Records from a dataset
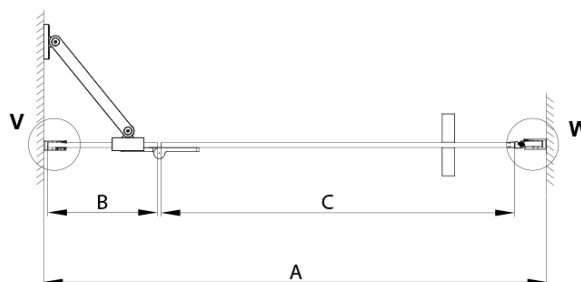

TRINITY GOLD MATT sprchové dvere do niky 1000 mm, matné sklo, lavé

Objednací kód: GT1210ML-G

Základné informácie

Značka: Gelco
Séria: TRINITY

Rozmery

Šírka: 1000 mm
Výška: 2000 mm

Vlastnosti

Farba profilu: Zlatá mat
Tvar: Dvere do niky
Typ otvárania: Otváracie jednokrídlové
Smer otvárania: Ľavé
Šírka vstupu: 555 mm
Typ výplne: Matné sklo
Úprava skla: Coated glass
Hrúbka skla: 8 mm
Inštalačná šírka od: 985 mm
Inštalačná šírka do: 1015 mm
Vlastnosti: Bezrámové prevedenie
Balenie: 3 ks
Záruka: 3 roky

Technický list

MODEL	A	B	C
800	785-815	167	555
900	885-915	267	555
1000	985-1015	367	555
1100	1085-1115	467	555
1200	1185-1215	567	555
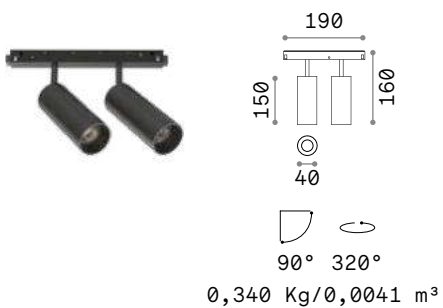

LED COB CITIZEN

Мощнос.	Угол	Flux	CCT	Отделка	Код
24W	30°	2200 Lm	3000 K	Чёрный	257662

new

FILTER HONEYCOMB

Модель	Включен	Необходимый	Код
Ego 3W	Нет	Нет	260853
Ego 8W	Нет	Нет	260860
Ego 12W	Нет	Нет	260860

new

new

new
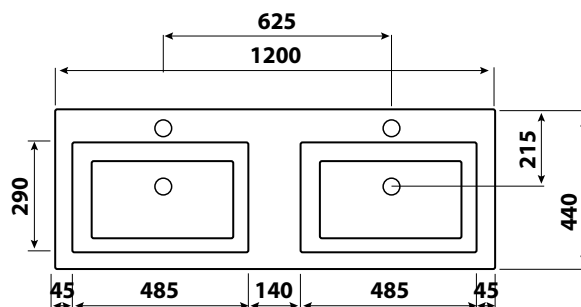

umyvadlo KISS 120
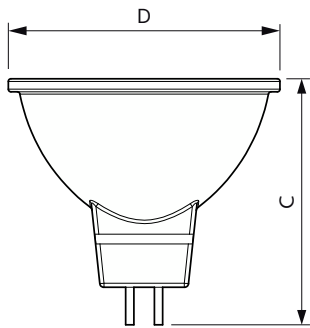

CorePro LEDspot LV

订购代码	929001240110
材料编号 (12NC)	929001240110
计算器 - 每包数量	1
净重 (每件)	0.045 kg
EAN/UPC - 产品/箱	6947939123667

计算器 - 每个外包装箱中的包数	10
EAN/UPC - 案例	6947939123674

二维绘图

Product	D	C
CorePro LED 5-50W 2700K MR16 24D CN	50 mm	46 mm

WHAT IS NEEDED
Are you able to set down all the lines above exactly, without any pictures?

EXPECTED ANSWER
TRINITY GOLD MATT sprchové dvere do niky 1000 mm, matné sklo, lavé

Objednací kód: GT1210ML-G

Základné informácie

Značka: Gelco
Séria: TRINITY

Rozmery

Šírka: 1000 mm
Výška: 2000 mm

Vlastnosti

Farba profilu: Zlatá mat
Tvar: Dvere do niky
Typ otvárania: Otváracie jednokrídlové
Smer otvárania: Ľavé
Šírka vstupu: 555 mm
Typ výplne: Matné sklo
Úprava skla: Coated glass
Hrúbka skla: 8 mm
Inštalačná šírka od: 985 mm
Inštalačná šírka do: 1015 mm
Vlastnosti: Bezrámové prevedenie
Balenie: 3 ks
Záruka: 3 roky

Technický list

MODEL	A	B	C
800	785-815	167	555
900	885-915	267	555
1000	985-1015	367	555
1100	1085-1115	467	555
1200	1185-1215	567	555

LED COB CITIZEN

Мощнос.	Угол	Flux	CCT	Отделка	Код
24W	30°	2200 Lm	3000 K	Чёрный	257662

new

FILTER HONEYCOMB

Модель	Включен	Необходимый	Код
Ego 3W	Нет	Нет	260853
Ego 8W	Нет	Нет	260860
Ego 12W	Нет	Нет	260860

new

new

new

umyvadlo KISS 120

CorePro LEDspot LV

订购代码	929001240110
材料编号 (12NC)	929001240110
计算器 - 每包数量	1
净重 (每件)	0.045 kg
EAN/UPC - 产品/箱	6947939123667

计算器 - 每个外包装箱中的包数	10
EAN/UPC - 案例	6947939123674

二维绘图

Product	D	C
CorePro LED 5-50W 2700K MR16 24D CN	50 mm	46 mm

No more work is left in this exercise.